» Directions
Reproduce precisely the lines of the listing below, starting with the line that contains "FRINGE STATUS (Rf:1460.000,1460.000" and stopping after the line that contains "Src:3C286, Date:02Feb2022 04:53:18)"; include nothing else.

» Available data

= Beginning of Section =

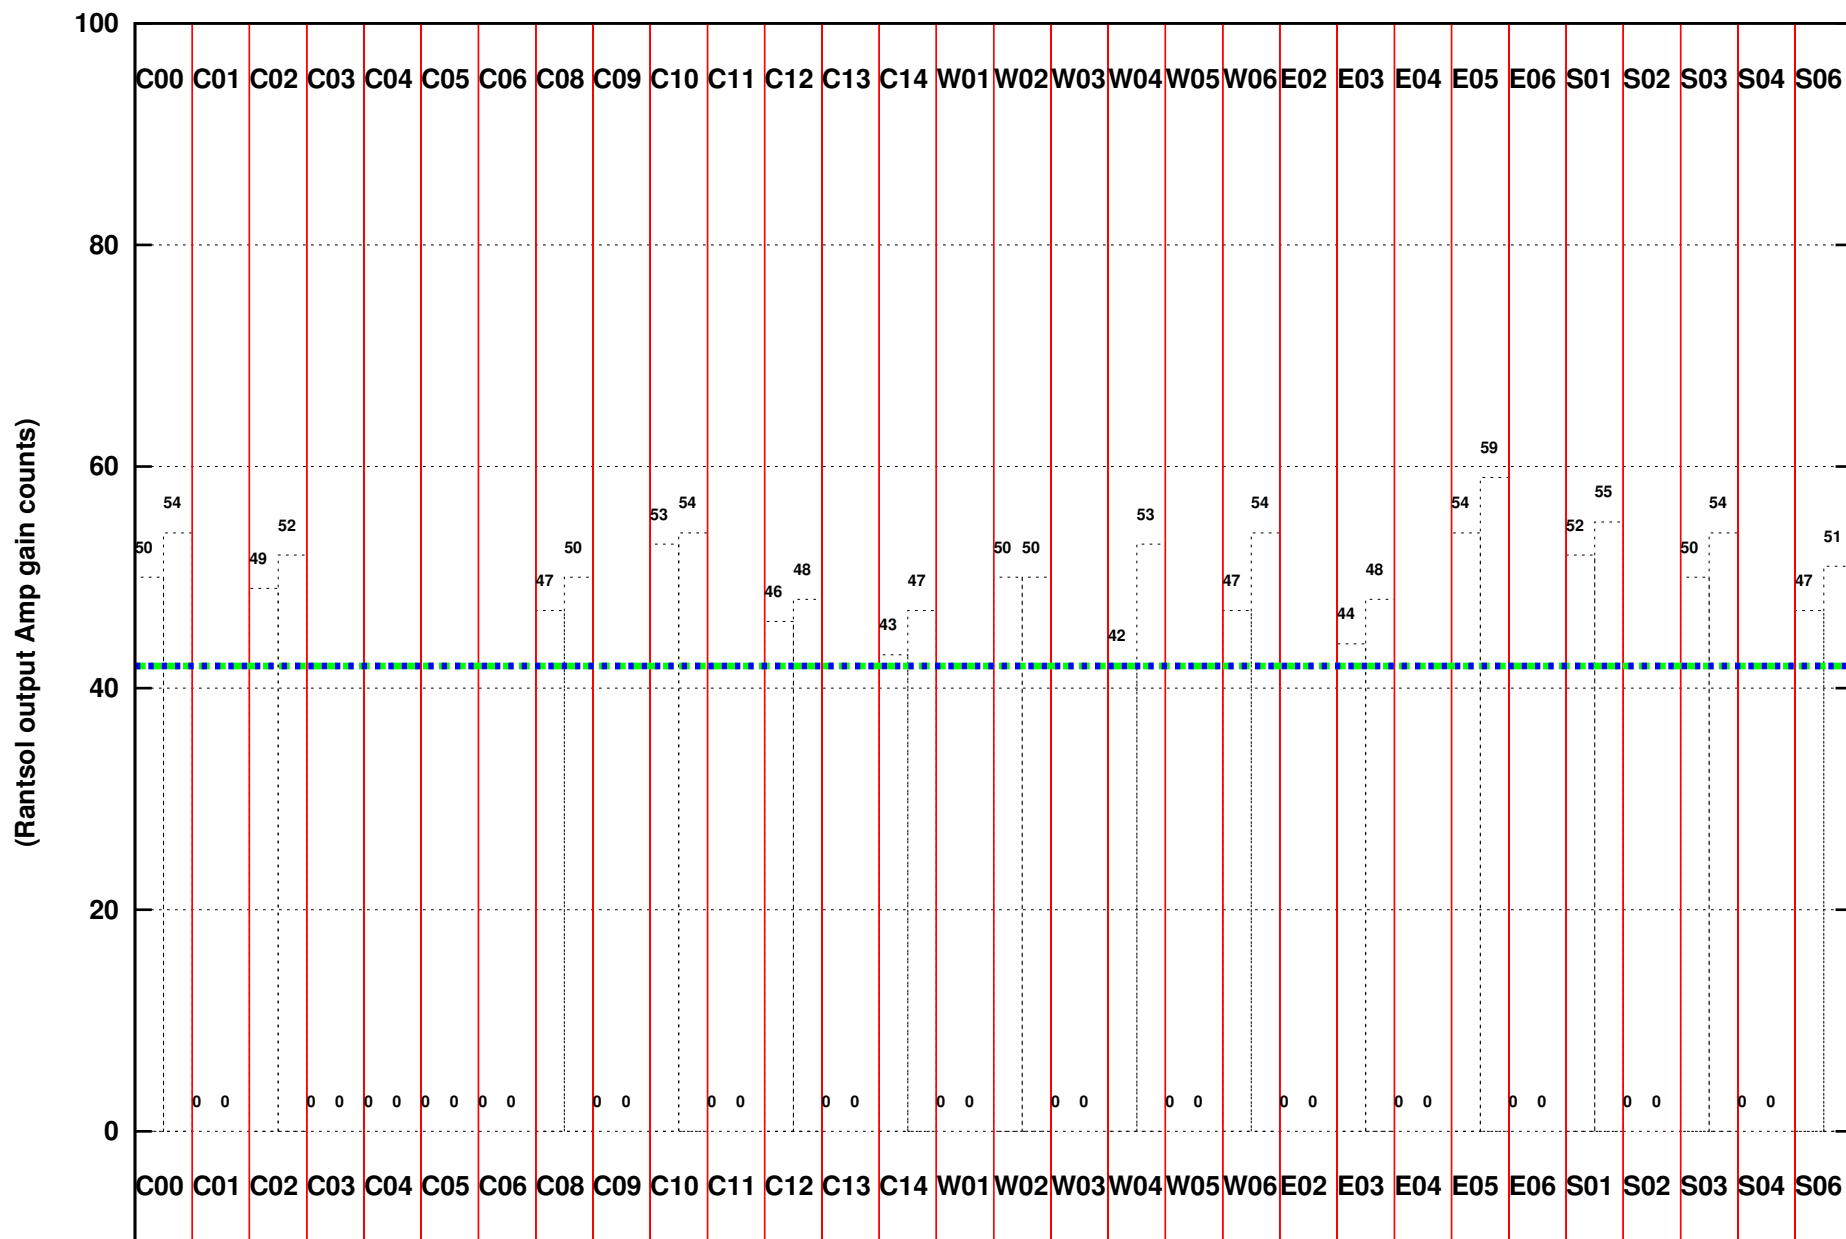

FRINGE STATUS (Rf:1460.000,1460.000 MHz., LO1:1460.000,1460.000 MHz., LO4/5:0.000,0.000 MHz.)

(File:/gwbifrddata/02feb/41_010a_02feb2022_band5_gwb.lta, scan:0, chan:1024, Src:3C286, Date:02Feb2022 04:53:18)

= End of Section =
= Beginning of Section =

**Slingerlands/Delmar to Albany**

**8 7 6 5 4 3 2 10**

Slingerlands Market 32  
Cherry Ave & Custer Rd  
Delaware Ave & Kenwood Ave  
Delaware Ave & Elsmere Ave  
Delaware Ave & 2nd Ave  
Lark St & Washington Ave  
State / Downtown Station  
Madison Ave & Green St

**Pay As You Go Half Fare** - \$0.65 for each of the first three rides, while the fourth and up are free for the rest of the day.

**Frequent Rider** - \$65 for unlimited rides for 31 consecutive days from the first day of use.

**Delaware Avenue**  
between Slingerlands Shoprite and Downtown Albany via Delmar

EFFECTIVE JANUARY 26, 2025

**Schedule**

= End of Section =
= Beginning of Section =

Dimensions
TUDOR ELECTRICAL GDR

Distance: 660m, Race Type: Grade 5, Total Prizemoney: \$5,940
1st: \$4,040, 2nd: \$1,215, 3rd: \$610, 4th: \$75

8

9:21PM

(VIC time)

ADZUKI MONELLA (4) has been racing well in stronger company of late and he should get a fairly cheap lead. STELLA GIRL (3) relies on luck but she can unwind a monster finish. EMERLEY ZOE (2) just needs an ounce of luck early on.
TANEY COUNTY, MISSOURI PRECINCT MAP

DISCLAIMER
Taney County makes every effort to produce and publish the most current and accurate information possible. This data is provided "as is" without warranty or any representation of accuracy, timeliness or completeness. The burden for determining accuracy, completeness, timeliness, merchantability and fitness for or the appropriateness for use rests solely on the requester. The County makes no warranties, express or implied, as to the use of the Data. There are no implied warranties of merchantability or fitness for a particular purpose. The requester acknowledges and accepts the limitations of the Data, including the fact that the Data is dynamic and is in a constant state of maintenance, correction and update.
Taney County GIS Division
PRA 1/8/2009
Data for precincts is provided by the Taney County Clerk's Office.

= End of Section =

» Exercise result
FRINGE STATUS (Rf:1460.000,1460.000 MHz., LO1:1460.000,1460.000 MHz., LO4/5:0.000,0.000 MHz.)

(File:/gwbifrddata/02feb/41_010a_02feb2022_band5_gwb.lta, scan:0, chan:1024, Src:3C286, Date:02Feb2022 04:53:18)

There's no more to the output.